Activity 2: Biosecurity

  • FFA & 4-H Students Show Skills at Junior National Livestock Show
  • Glo Germ powder
  • Black light
  • Stuffed farm animals (sheep, cattle, goats, horses, and/or hogs) covered in Glo Germ powder, 1 per group
  • Feed samples mixed with Glo Germ powder in bags
  • Buckets, 1 per group
  • Objects that can serve as fomites (brushes, halters, etc.) covered in Glo Germ powder
  • Personal protective equipment (PPE) such as gloves, shoe covers, coveralls, face mask, etc.

aerosol: a suspension of fine solid or liquid particles in gas

contaminate: to make something dirty or impure by accidentally or purposely adding something harmful

disease: a particular abnormal condition that negatively affects the structure or function of all or part of an organism

fomite: objects or materials which are likely to carry infection, such as clothes, utensils, and furniture

germ: a microorganism causing disease

ingestion: consuming something orally

pathogen: a bacterium, virus, or other microorganism that can cause disease

transmission: the act or process by which something is spread or passed from one person or thing to another

vector-borne transmission: infection transmitted to humans and other animals by blood-feeding anthropods, such as mosquitoes, ticks, and fleas

Did You Know?
  • Germs are tiny invaders that get into our bodies. Some are so tiny that millions can fit on the tip of a pencil.
  • There are many jobs that help protect human and animal health including veterinarians, physicians, nurses, laboratory scientists, and epidemiologists.
Background Agricultural Connections

Some people are carriers of disease. Initially, these carriers may appear healthy or show only mild signs of disease. At some point they may eventually get sick, but they may not be recognized as having the disease until they've exposed and infected others. This is one reason why some pathogens can spread so quickly.

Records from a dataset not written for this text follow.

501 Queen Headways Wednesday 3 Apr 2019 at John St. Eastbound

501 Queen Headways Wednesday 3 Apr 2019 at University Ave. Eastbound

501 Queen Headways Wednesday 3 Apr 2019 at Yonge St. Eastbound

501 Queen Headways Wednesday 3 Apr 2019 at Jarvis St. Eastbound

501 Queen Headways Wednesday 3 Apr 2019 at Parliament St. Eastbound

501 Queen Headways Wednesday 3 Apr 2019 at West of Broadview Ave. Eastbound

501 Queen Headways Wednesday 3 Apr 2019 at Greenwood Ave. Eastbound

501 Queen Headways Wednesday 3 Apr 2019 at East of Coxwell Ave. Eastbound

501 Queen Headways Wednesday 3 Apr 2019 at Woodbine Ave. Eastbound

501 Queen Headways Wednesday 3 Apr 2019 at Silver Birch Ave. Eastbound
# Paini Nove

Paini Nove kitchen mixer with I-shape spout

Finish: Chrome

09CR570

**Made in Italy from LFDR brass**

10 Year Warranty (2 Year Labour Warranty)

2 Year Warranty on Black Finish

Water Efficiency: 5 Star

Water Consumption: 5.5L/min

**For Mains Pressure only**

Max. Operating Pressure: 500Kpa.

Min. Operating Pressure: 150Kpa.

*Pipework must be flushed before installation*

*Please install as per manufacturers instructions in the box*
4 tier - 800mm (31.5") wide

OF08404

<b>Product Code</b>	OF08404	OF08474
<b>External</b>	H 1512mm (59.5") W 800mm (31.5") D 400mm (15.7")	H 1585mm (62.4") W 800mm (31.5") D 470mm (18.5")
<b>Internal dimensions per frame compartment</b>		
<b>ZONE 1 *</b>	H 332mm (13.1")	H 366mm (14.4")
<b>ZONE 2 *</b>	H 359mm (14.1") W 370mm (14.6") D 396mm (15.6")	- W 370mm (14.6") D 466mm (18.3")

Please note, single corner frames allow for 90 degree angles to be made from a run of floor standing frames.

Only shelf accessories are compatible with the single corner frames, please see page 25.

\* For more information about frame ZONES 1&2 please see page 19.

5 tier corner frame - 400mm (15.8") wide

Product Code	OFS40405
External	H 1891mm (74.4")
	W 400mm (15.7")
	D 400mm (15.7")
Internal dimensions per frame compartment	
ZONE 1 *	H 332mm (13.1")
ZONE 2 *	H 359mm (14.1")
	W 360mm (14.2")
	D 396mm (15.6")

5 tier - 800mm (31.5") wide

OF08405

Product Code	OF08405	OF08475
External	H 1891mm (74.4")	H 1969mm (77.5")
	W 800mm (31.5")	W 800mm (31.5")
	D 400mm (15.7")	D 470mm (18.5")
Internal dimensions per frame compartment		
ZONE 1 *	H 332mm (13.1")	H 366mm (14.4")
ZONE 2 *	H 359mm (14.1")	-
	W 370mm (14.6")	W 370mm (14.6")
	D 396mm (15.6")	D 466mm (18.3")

Diseases can be spread by direct contact, indirect contact, aerosols or droplets, ingestion or oral transmission, or vectors. Indirect contact transmission is the spread of pathogens through coming into contact with areas where animals live or roam, or objects or surfaces contaminated by an infected animal. Objects or surfaces that may become contaminated with pathogens are called fomites. Some examples of fomites are boots, cages, needles, bedding, clothing, vehicles, and restraint devices. Ingestion or oral transmission occurs when disease-causing agents are ingested from contaminated food or water or by licking or chewing contaminated objects in the environment. Germs can be present even when things (clothing, gloves, shoes, equipment, etc.) appear clean or when animals appear healthy.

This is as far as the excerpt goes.